» **TASK GOAL**
Although the data below holds other lines too, output only those from the line with "- SC 2 Deluxe" up to and including the line with "- SI 4 EasyFix Iron", exactly as they appear.

» **THE INPUT**
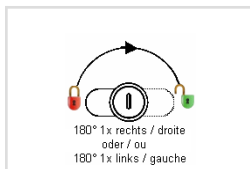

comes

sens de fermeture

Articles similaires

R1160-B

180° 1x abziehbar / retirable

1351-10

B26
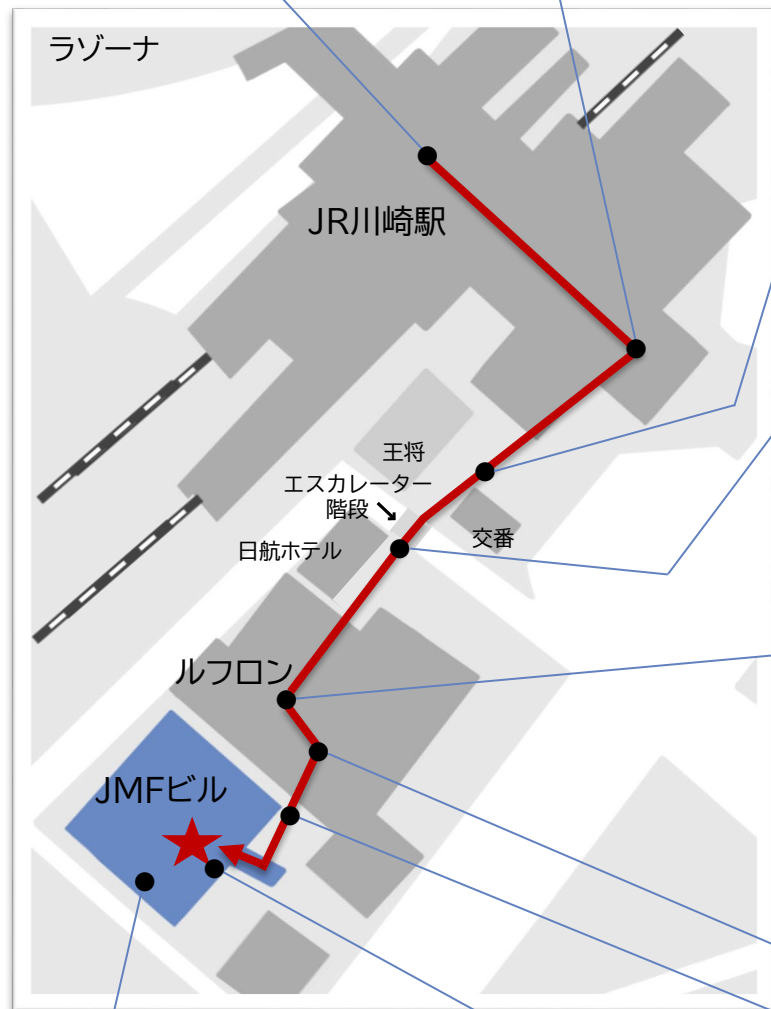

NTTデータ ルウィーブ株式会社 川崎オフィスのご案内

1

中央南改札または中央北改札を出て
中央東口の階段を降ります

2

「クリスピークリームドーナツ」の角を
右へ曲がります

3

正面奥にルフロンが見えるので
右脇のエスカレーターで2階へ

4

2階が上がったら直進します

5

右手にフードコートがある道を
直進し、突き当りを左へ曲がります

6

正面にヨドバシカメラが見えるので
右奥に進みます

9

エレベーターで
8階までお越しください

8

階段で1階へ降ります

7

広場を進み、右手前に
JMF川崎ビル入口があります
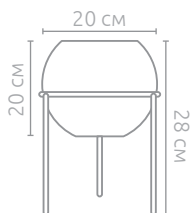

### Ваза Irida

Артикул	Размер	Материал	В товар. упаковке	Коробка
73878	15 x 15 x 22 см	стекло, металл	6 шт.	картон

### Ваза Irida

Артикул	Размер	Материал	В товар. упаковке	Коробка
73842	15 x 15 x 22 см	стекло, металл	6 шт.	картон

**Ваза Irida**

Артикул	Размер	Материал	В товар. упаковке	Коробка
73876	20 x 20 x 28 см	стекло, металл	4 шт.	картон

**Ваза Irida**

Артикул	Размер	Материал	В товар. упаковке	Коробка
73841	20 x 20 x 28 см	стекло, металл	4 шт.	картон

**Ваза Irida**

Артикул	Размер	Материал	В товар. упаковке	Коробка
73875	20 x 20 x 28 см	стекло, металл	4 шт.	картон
* * *
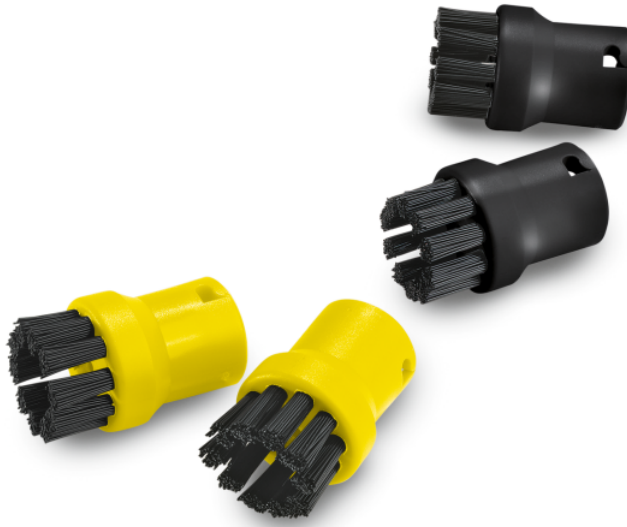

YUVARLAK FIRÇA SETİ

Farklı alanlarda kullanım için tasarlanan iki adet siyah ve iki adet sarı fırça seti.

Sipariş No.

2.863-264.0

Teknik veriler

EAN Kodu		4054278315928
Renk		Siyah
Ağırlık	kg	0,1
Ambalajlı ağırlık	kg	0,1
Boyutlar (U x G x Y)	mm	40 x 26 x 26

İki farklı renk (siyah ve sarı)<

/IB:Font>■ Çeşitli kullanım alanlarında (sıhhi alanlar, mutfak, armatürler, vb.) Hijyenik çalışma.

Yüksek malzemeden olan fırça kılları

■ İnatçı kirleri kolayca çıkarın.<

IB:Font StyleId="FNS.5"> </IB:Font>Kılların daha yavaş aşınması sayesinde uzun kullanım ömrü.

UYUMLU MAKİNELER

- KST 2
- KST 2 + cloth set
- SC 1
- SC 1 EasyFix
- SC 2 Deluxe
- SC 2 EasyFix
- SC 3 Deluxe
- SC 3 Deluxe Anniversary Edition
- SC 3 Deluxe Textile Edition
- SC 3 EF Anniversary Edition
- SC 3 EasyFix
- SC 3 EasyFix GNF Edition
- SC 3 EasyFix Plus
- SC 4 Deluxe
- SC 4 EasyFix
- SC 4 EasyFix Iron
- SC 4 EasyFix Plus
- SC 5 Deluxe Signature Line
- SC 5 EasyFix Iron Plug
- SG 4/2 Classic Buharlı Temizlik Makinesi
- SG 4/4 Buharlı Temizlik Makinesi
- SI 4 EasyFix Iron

» **RESPONSE AREA**
- SC 2 Deluxe
- SC 2 EasyFix
- SC 3 Deluxe
- SC 3 Deluxe Anniversary Edition
- SC 3 Deluxe Textile Edition
- SC 3 EF Anniversary Edition
- SC 3 EasyFix
- SC 3 EasyFix GNF Edition
- SC 3 EasyFix Plus
- SC 4 Deluxe
- SC 4 EasyFix
- SC 4 EasyFix Iron
- SC 4 EasyFix Plus
- SC 5 Deluxe Signature Line
- SC 5 EasyFix Iron Plug
- SG 4/2 Classic Buharlı Temizlik Makinesi
- SG 4/4 Buharlı Temizlik Makinesi
- SI 4 EasyFix Iron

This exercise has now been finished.